Он ползал под сыпавшимися ударами и стонал, когда носок туфли вдруг ударял в рану.
— Фёдор Иванович! Гляньте!
Девяткина прекратили бить. На лестнице появился качок с письмом Лены.
— Дай-ка! — отобрал следователь лист и прочёл: — Не твоя… уеду… Катя от Глусского… он мой первый… Глусский его Кате даст… люблю его… хочу бурь… пребольшого земного счастья… даёшь свободу… дай её и себе… уеду… Нас не ищи… К юбилею буду… Катя… полодырничает… Скажи отцу… Кто писал? Чей почерк? Вам он знаком? — Следователь вручил лист тестю.
Все ждали, глядя то на Девяткина, сидевшего на полу, то на обстановку дома, которого ни один из них себе не мог бы позволить. Кто-то бродил по кухне, хрустя стеклом.
— Почерк Лены, — сказал тесть. — Гнев его схлынул, он выдохнул облегчённо. — Лена завтра здесь будет.
— А с этим? — кивнул следователь.
— С ним — хрен… Неудачник, — заулыбался тесть. — Был неудачник, им и остался… Сволочь… не мог сказать… написано ведь: «скажи отцу»… изводил меня, сволочь, инфаркта хотел… Дочь… она поняла… Пускай. Он, размазня, себя не убьёт, не то что… Он как увидел, небось, нас — вешаться, чтоб спасли… чтоб передали, как мается… Лена бросила его, факт! Развод… Завтра все будьте в гости! Я приглашаю. Я познакомлю вас с новым зятем! Это вам не кино с Абрамовичем — это во плоти! Всем подарки! С жёнами! Эта шваль пусть здесь… Грешно было б сажать, мы ведь люди, так? — хвалился тесть. — Пусть уйдёт или смотрит, как Лена с Глусским… Может, он мазохист?

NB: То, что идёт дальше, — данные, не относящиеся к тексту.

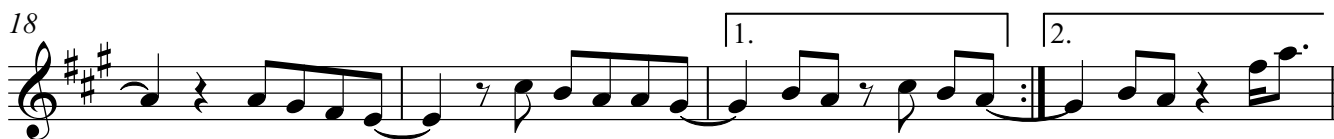

Alto Saxophone

Lean On Me

BACK CHAT PLAY

♩ = 117 Double Time Township Feel

Withers
Arr. Simon Dennis

DRUMS INTRO

Sometimes in our lives, we all have pain, we all have sorrow,
but if we are wise, we know that there's always tomorrow

VERSE - SING!

DOUBLE CHORUS

BRIDGE

'We all need somebody, to lean on'

To Coda

'We all need somebody, to lean on'

CHORUS

D.S. al Coda

Катя-то, Катя, внучка, — знаете, что дочь Глусского? Его — знаете?
— Знаем! — сказали все.
— Он увидел письмо и скис… — Тесть сморщился. — Пьяный, грязный… Скот! Настоящий мужик пришёл бы, выяснили б по-мужски, нашёл бы я ему место. Завтра пошлю прислугу, всё приберут…
И, шумно, весело объясняя про дочь и Глусского, тесть увёл всех.
Девяткин ночь просидел под лестницей у стены, слыша, как ходят, смеются, бормочут Лена и Катя.
Суббота
Так он и встретил горничных и прислугу, присланных тестем. Даже когда они, поздоровавшись и косясь в его сторону, уже прибирались, он продолжал сидеть у стены, уставившись в одну точку, — впрочем, фиксируя суету и шумы вокруг. Лишь когда завозились с ним рядом, вышел чёрным ходом вон.
Солнце всходило, заря золотила травы; не было и следа тумана, всё вспыхивало росой. Палатки, гирлянды, флаги для юбилея сияли, и было празднично, хотя в проходе, который разделял дома и уводил в поле, грохотал экскаватор. Но и это нормально — мир очнулся от тумана и кипел действием. Оборванный, со ссадиной на щеке, Девяткин прошагал по газону к белой скамейке и сел лицом к солнцу. За стеной гремела техника.
Он знал, что будет. Ему было всё равно.
Прораб твердил: «В субботу работ не будет», — но они были.
Клоун не мог быть во всех окнах сразу — но был.
Лены не было — но она была… Даже сказала, что это его, Девяткина, не было и не будет.
Кругом — ложь, реальная ложь. Истина же невидима.
Он знал, что будет. Но был спокоен. Он был спокоен, как и с Мариной в «Форде», как и у окна московского банка. Он больше миру не принадлежал. Мир не принадлежал и сам себе. Мир кончился. Чем ярче солнце и чётче вещи — тем хуже миру, выбравшему ясность и чёткость своими маяками, выхолостившему свою суть, чтобы стать муляжом.
Мир болен, смертельно болен.
Это был мир семи нот, которыми он глушил песнь вечности.
Это был мир анализа вместо счастья.
Это был мир, который вывел жизнь за скобки.
Мир упростил себя и стремился к абсолютной пустыне. Мир замкнулся в том, что Платон назвал пещерой.
Девяткин видел, как роют землю.
Когда строители к десяти утра по проходу между домами двинулись к полю, люди Влада из ресторана прибыли сервировать столы.
— Простите!
Сбоку ждал знакомый прораб.
— Вчера, — объяснял он, — я обещал… Но, знаете, дали приказ… Клянусь, кчасу кончим. Вы извините. Я понимаю: праздник.
Девяткин смотрел на солнце — символ обмана, сделавшего правду ложью, а ложь назначившего правдой.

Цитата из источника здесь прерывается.